Visit BagNewsNotes: Today’s Media Images Analyzed
Bag’s Take-Away:Now that’s a Japan aftermath pic I entirely missed. Is this also Mother Nature’s heads-up to consumerist/”churn-and-burn” society?
Reuters slideshow retrospective.
(photo: Kim Kyung-Hoon/Reuters. caption: A Sony playstation controller is seen at an area that was devastated by last week’s earthquake and tsunami, in Kesennuma, north Japan, March 19, 2011.)
Was waiting for it to happen: Fukushima Prefecture kids get their own portable dosimeters. (Any similarity to the iPod, I assume, is strictly coincidental.)
(photo: Kyodo News Service caption: Children in the town of Kawamata, Fukushima Prefecture, on June 21, 2011, hold compact dosimeters donated by Kinki University in Osaka Prefecture. The dosimeters are scheduled to be distributed to some 1,500 children and teachers at schools and nurseries in the town from the following day in the wake of radiation leaks at the Fukushima Daiichi power plant in the vicinity stemming from the March 11 quake and tsunami disaster. Part of the town has been designated an evacuation area by the central government.)
The sunny painting on the side of the wall is a bit ironic now, no? Word is, these kids will soon be outfitted with dosimeters. In the meantime, they’re getting to go out and play in the radiation for the first time since the earthquake/meltdown. Careful in the sandbox though, kids! The top level was already skimmed for the bad stuff but playground exposure is limited to 1/2 hour.
(A sort of easy choice just to show the children, btw. I was really curious to read some adult faces.)
(photo: Kyodo via AP Images caption: Kindergarteners wearing masks and caps to minimize their exposure to radiation run out of the kindergarten building in Iwaki, Fukushima Prefecture, on June 10, 2011, as they are allowed to play in the playground for the first time since the devastating March 11 earthquake and tsunami, and subsequent radiation leaks from the Fukushima Daiichi nuclear plant. The surface soil of the playground has been removed to reduce the children’s exposure to radiation and they were allowed to play there for only half an hour. More backstoryre: Iwaki.
AP photo tells me more about the situation of Iitate’s ”radiation refugees” in Fukushima Prefecture — 20% still there after the plume came through — than I’d ever want to know. (Caption below.)
(photo: David Guttenfelder / AP caption: In this Wednesday May 25, 2011 photo, a goldfish swims in unfresh water in a fish tank on a elementary school classroom window ledge in the town of Iitate, Fukushima Prefecture, northeastern Japan, after all of the children were evacuated from the town over fears of radiation. Residents of Iitate, nestled in mountains about 25 miles (40 kilometers) from the Fukushima Dai-ichi nuclear plant, originally were told it was safe for them to stay. Then they were advised to stay indoors. In late April they were told to leave, but unlike people who lived closer to the plant, they can’t be forced to go.)

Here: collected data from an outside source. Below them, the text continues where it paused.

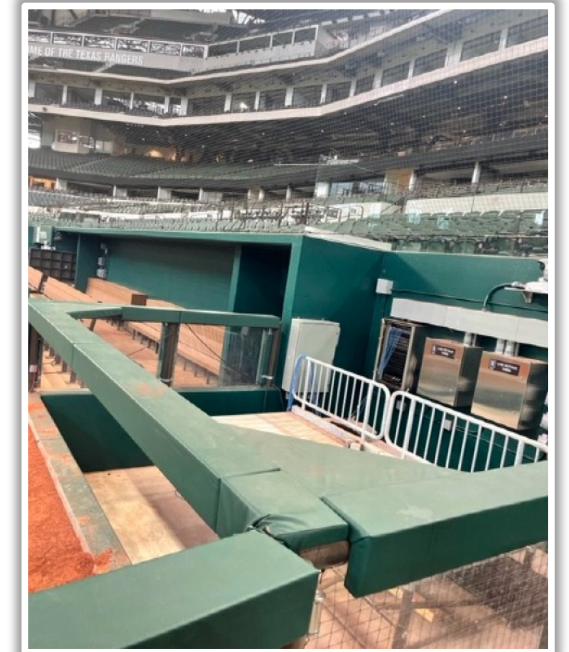

RULE #10: Batted ball striking the roof, roof truss, roof cable or any cabling over fair territory and landing fair: **Fair Ball, Live and In Play**

Globe Life Field in Arlington Ground Rules

Backstop Photos:

| Globe Life Field in Arlington Ground Rules

3B Dugout Photos:

Globe Life Field in Arlington Ground Rules

3B Camera Well Photos:

Inside Well

Outside Well

Globe Life Field in Arlington Ground Rules

3B iPad Camera Photos:

| Globe Life Field in Arlington Ground Rules

LF Extended Fan Safety Netting Photos:

Globe Life Field in Arlington Ground Rules

LF Wall Photos:

| Globe Life Field in Arlington Ground Rules

CF Wall Photos:

Globe Life Field in Arlington Ground Rules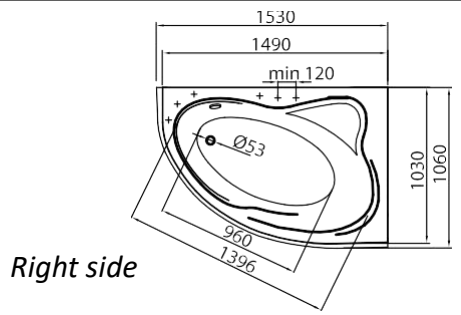

- Bathtub, white ..... 960€
- Front panel, white..... 140€
- Front panel coloured ..... 280€
- Pop-up waste & overflow (Chrome) 40€
- Click-Clack waste & overflow (Chrome) 50€

Marea 1736 x 1180 x 665 kg 100 +(7) kg 290 L max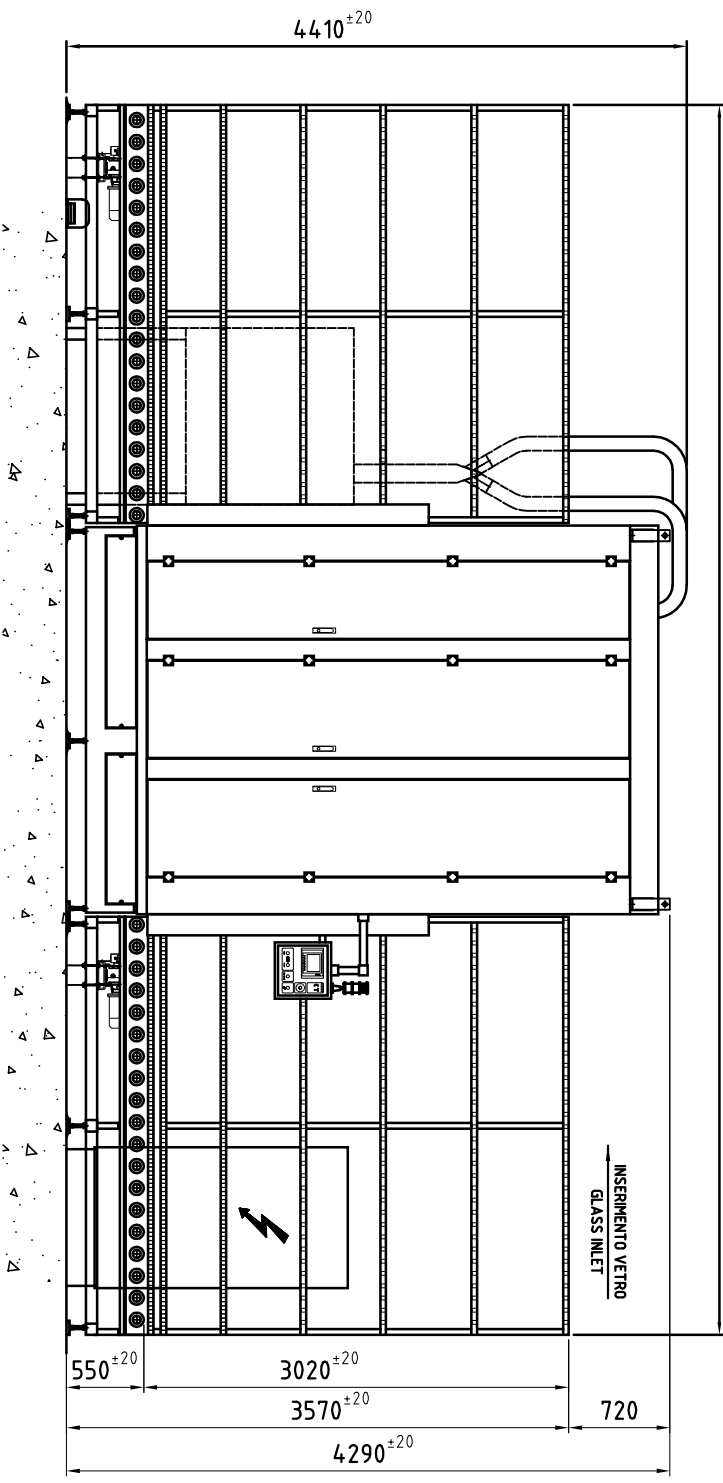

8740⁺⁵⁰

Ventilatore centrifugo
Centrifugal fan

Vasche acqua
Water tanks

Quadro elettrico
Electric board

CT 3300/500/6S

COD.DIS.93060152D

An early theme after Japan’s quake/tsunami (with ugly comparative overtones to Haiti) was that the Japanese don’t loot. This recent newswire pic (caption below) suggests conclusion, at least, might have been premature.

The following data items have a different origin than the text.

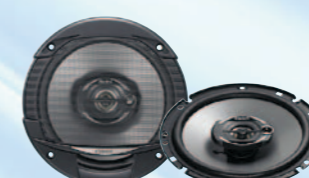

SRE1732R
300 W Max. 16.5 cm (6-1/2")
multiaxial 3-way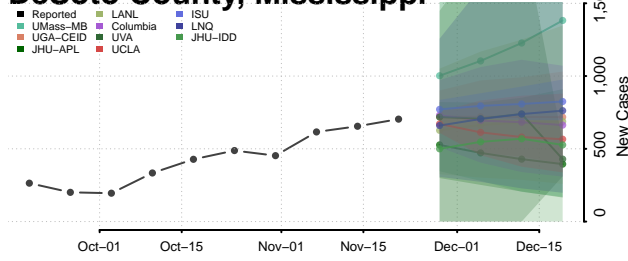

DeSoto County, Mississippi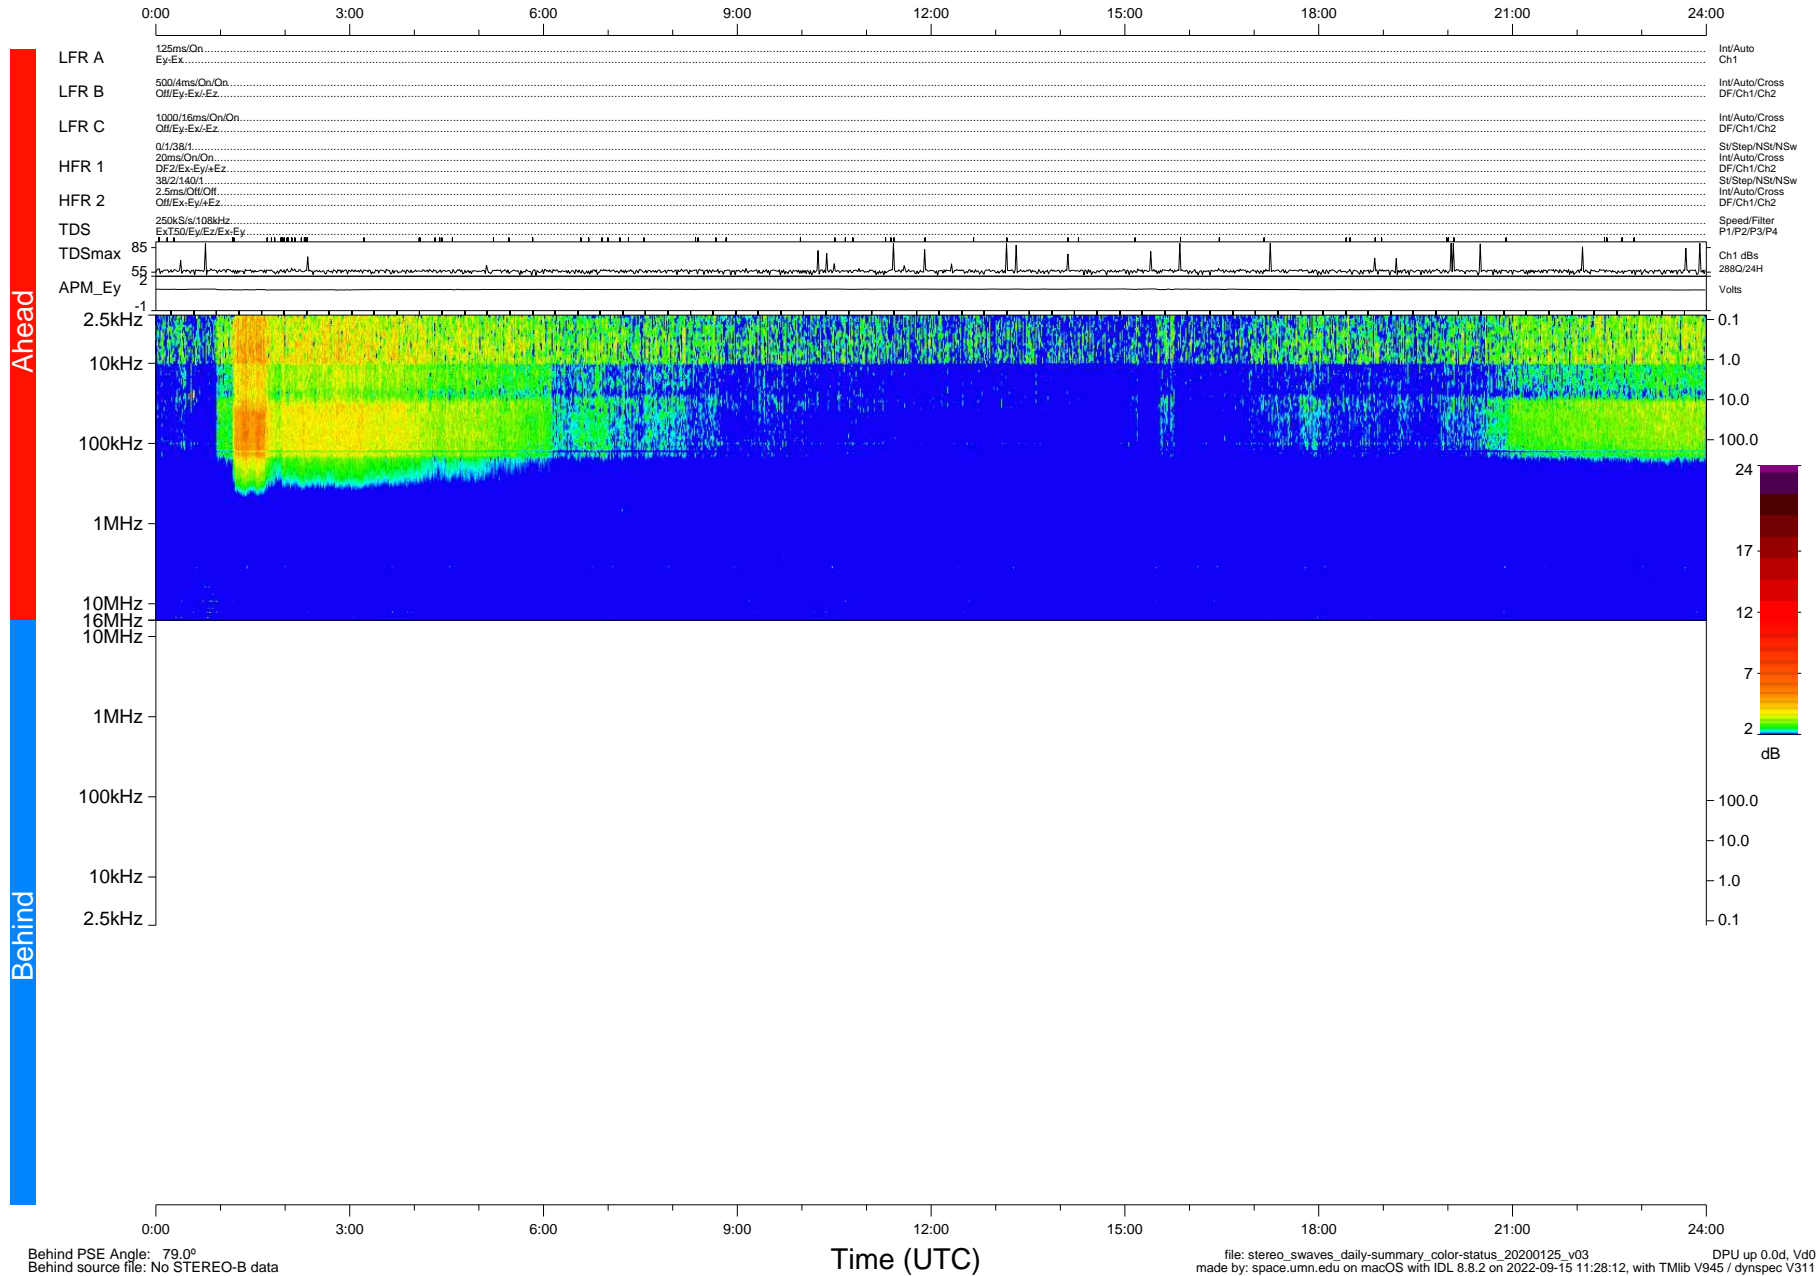

STEREO/WAVES Daily Summary - 25-Jan-2020 (DOY 025)

Ahead source file: swaves_ahead_2020_025_1_05.fin (Recovery: 100.0% HK, 97% PKts)
 Ahead PSE Angle: -78.1°

DPU up 1662.9d, V412d32

Behind PSE Angle: 79.0°
 Behind source file: No STEREO-B data

Time (UTC)

file: stereo_swaves_daily-summary_color-status_20200125_v03 DPU up 0.0d, Vd0
 made by: space.umn.edu on macOS with IDL 8.8.2 on 2022-09-15 11:28:12, with Tlib V945 / dynspec V311

(photo: AP caption: An evacuee looks at his liquor shop where a thief stole the stuff while his absence, as he and other evavuees, returned home for a brief visit in Okuma, Fukushima prefecture, northeastern Japan, Saturday, June 4, 2011. The tsunami-crippled Fukushima Dai-ichi nuclear power plant is located in the town.)
Most recent pic from TEPCO: I’m just hoping that green stuff is the sticky goo sprayed all over the place the past few weeks that keeps that “high dose” radiation radiation for goin’ airborne because you can’t tell otherwise. The caption:
High dose rubble in the west side of Unit 3 reactor building of Fukushima Daiichi Nuclear Power Station (pictured on June 4, 2011)
Bag’s Take-Away:The completely cryptic/screwed up way I find out Fukushima news. Accompanying gallery pic of nearby port, photo credit indicates continued radioactive dumping into ocean based on some “new setback.”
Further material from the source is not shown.